Was just wondering if somebody would be able to clarify something for me regarding variance stabilising transformation and batch correction and subsequently extracting a matrix of batch corrected VST counts.
I have run an experiment as follows:
DESeqDataSetFromMatrix(countData = countdata, colData = sampledata, design = ~ Organ +Extraction+ Age ) DESeq(dds, reduced = ~Organ+Extraction, test = "LRT", parallel = TRUE)
Extraction being the batch (for this run, only two batches, 1 and 2). And i only want to see DE genes as a result of Age. Organ and batch (extraction) effects are therefore included in the reduced model. I am happy with the inclusion of extraction in the reduced model and i cannot see any clear batch related effects when plotting PCA and there is a good mix amongst batches.

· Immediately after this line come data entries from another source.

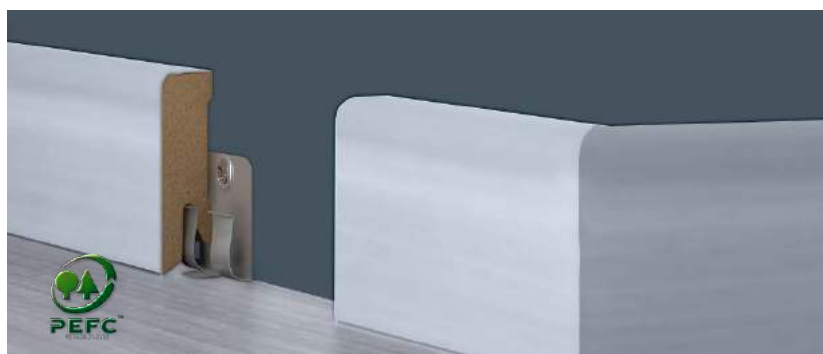

Doporučení ke zpracování

Montážní
klips –
typ G

Döller
tavné
lepidlo

1 balení= 5 x 2,50 m

- nosným materiálem je jádro MDF potaženo elegantní fólií
- k řezání lišt je možné použít pilu
- jednoduchá instalace pomocí montážních klipů a hřebíků

White & Black Cubica 40	Cena vč. DPH: 113 Kč/ks
White & Black Cubica 60	Cena vč. DPH: 180 Kč/ks
White & Black Cubica 70	Cena vč. DPH: 199 Kč/ks
White & Black Cubica 100	Cena vč. DPH: 239 Kč/ks
Klip typ G	Cena vč. DPH: 8 Kč/ks

Barvy a dekory

bílá

bílá lesklá

ocelová

černá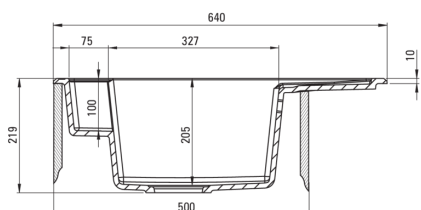

### Korito

Finiš	grafit metalik
Tip površine	mat
Material	granit
Metoda montaže	vgrajen
Število posod	1
Minimalna širina omarice [mm]	500
Širina [mm]	500
Dolžina [mm]	640
Višina [mm]	219
Globina posode [mm]	205
Izrez v delovnem pultu [mm]	620
Širina izreza [mm]	480
Obračljivo	Ja
Z dodatki	Ja
Število lukenj	2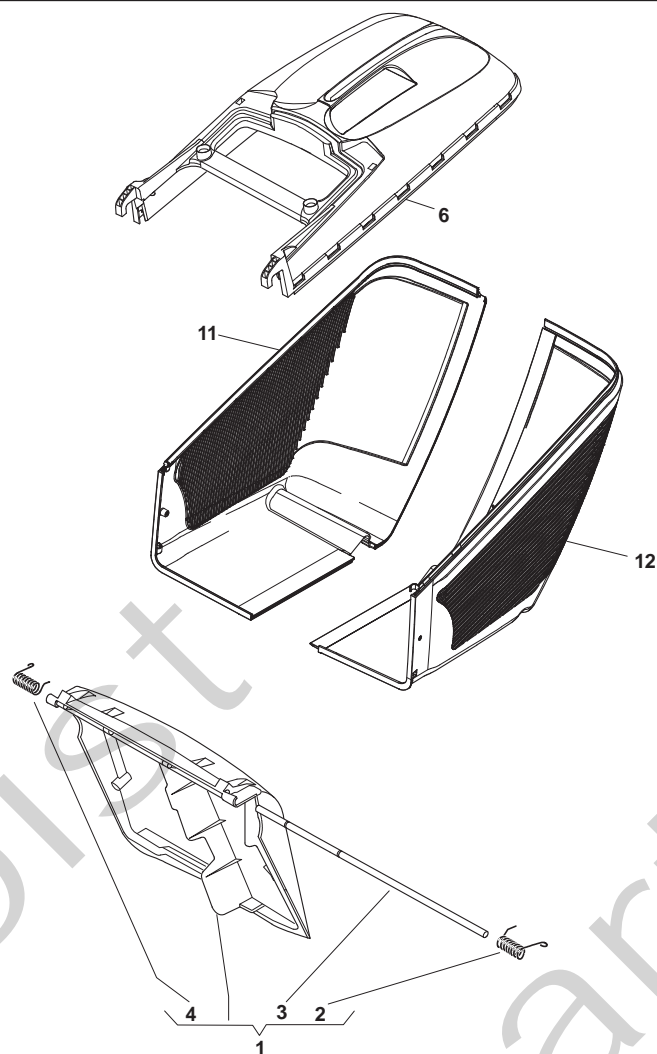

Pos. Fig.	Antal Quantity	Art No Part No	Benämning	Description	Anmärkning Notes
1	1	381008081/0	Lucka	Stone-Guard, Black	
2	1	122450466/0	Fjäder vä	L Spring	
3	1	22517906/1	Axel	Pin	
4	1	122450465/0	Fjäder-hö	R Spring	
6	1	322486110/1	Uppsamlare-överdel	Grass-Box, Upper	
11	1	322486150/1	Uppsamlare-undre, vä	Grass-Box, R Lower	
12	1	322486151/1	Uppsamlare-undre, hö	Grass-Box, L Lower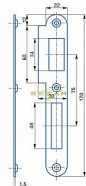

# Protiplech K182 L žltý ZN 2/2 okrúhly 72mm

» ZABEZPEČENIE » ZADLABÁVACIE ZÁMKY » Príslušenstvo

Kód produktu	04000-2170
Balení	1 Ks

Zapadací plech rovný - pro zámek s roztečí 72mm, levý nebo pravý

Dostupnosť na hlavnom sklade: viac ako 20 ks

I would like to do further downstream analysis away from DESeq2 however and so need to take a log or VST transformed counts table for this analysis. Although these effects are modelled within DESeq2, is:
vsd <- vst(dds) and then extracting counts from this taking in to account the batch effects across samples? or does the variance stabilisation automatically take care of this?
If not, is there a way to extract a VST of counts with batch effects accounted for?
My downstream analysis is machine learning classification. I have been using a VST counts matrix till now which has caused no real issues during classification across all samples and ages etc, however I will soon have an additional 3 batches so want to make sure these effects are completely minimised in the future.